Dataset entries:
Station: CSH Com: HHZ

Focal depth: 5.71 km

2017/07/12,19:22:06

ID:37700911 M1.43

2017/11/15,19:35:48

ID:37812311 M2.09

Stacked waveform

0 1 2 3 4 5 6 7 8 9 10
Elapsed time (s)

==

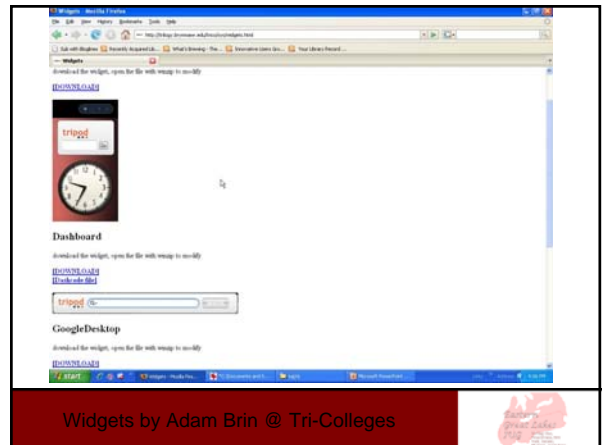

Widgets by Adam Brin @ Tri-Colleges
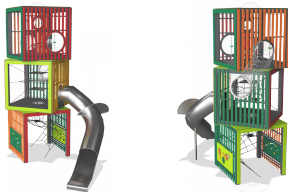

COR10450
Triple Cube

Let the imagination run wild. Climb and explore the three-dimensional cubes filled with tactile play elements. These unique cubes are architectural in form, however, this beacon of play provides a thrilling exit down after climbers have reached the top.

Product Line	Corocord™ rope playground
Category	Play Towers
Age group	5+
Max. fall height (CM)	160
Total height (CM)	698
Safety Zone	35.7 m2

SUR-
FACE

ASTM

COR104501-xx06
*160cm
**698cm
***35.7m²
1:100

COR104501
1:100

==

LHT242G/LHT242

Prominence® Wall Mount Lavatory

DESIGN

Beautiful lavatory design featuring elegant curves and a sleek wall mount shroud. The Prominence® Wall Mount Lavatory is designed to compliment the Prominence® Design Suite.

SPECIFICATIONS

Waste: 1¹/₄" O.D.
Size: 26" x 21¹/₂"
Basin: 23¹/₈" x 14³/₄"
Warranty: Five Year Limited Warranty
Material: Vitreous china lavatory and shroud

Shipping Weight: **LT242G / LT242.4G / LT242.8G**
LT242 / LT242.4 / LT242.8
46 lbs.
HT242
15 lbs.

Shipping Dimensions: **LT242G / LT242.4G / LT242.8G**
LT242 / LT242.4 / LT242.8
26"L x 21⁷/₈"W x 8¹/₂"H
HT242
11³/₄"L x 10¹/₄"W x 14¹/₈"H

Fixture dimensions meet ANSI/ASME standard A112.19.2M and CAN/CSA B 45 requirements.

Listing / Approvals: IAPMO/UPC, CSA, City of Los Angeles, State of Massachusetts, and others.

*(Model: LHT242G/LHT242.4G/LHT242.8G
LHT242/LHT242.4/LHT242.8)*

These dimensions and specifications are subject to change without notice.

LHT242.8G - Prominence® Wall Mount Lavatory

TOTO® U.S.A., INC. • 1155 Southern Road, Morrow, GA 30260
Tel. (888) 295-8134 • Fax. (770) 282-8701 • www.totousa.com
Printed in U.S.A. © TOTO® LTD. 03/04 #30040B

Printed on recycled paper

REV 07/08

Task statement: Your task is to copy every line of the entries that contains the string "These".

Response to this task:
Let the imagination run wild. Climb and explore the three-dimensional cubes filled with tactile play elements. These unique cubes are architectural in form, however, this beacon of play provides a thrilling exit down after climbers have reached the top.
These dimensions and specifications are subject to change without notice.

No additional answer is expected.